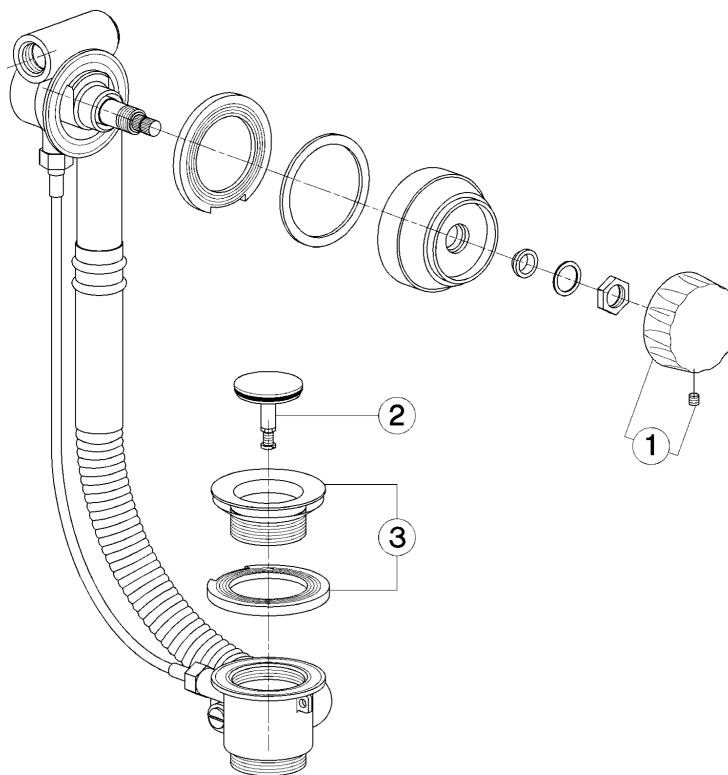

Bath drain with overflow COMPONENTS_ZA005710

MODEL **ZA005710**

Bath drain with overflow

AVAILABLE FINISHINGS

-  **21** 21 Chrome
-  **26** 26 Old Copper
-  **27** 27 Old Bronze
-  **2A** 2A Satin Brushed Nickel

CHARACTERISTICS

Bath drain with overflow COMPONENTS_ZA005710

cisal

ZA 00571

- Colonna scarico vasca erogazione al T.P.
- Bath drain with overflow
- Wannen-Ablaufgarnitur mit Einlauf 1"1/2
- Vidage de baignoire avec trop plein

NR.	DESCRIZIONE DESCRIPTION BESCHREIBUNG DÉSCRIPTION	N. CODICE CODE NO. WERKSNR. NR. CODE	NR.	DESCRIZIONE DESCRIPTION BESCHREIBUNG DÉSCRIPTION	N. CODICE CODE NO. WERKSNR. NR. CODE	NR.	DESCRIZIONE DESCRIPTION BESCHREIBUNG DÉSCRIPTION	N. CODICE CODE NO. WERKSNR. NR. CODE
1	Maniglia colonna scarico vasca t.p. <i>Handle</i> Griff t/Ablaufgarnitur <i>Croisillon</i>	ZZ 92791 0						
2	tappo completo colonna scarico vasca <i>Plug for bath drain</i> Stopfen t/Ablaufg. kpl <i>Bonde - vidage baignoire</i>	ZZ 92794 0						
3	Piletta completa per colonna scarico vasca <i>Waste for bath drain</i> Ablauf t/Ablaufgarnitur <i>Crépine pour baignoire</i>	ZZ 92795 0						

ZA.9

ZA005710

<https://en.cisal.it/bath-drain-with-overflow-components-za005710>

2026-04-06
______________________________
#### Action item:
Starting at the line with "scarico vasca t.p." and ending at the line with "completo colonna scarico", print each line of the listing above exactly, with no other lines.

#### Your response:
1	Maniglia colonna scarico vasca t.p. <i>Handle</i> Griff t/Ablaufgarnitur <i>Croisillon</i>	ZZ 92791 0						
2	tappo completo colonna scarico vasca <i>Plug for bath drain</i> Stopfen t/Ablaufg. kpl <i>Bonde - vidage baignoire</i>	ZZ 92794 0						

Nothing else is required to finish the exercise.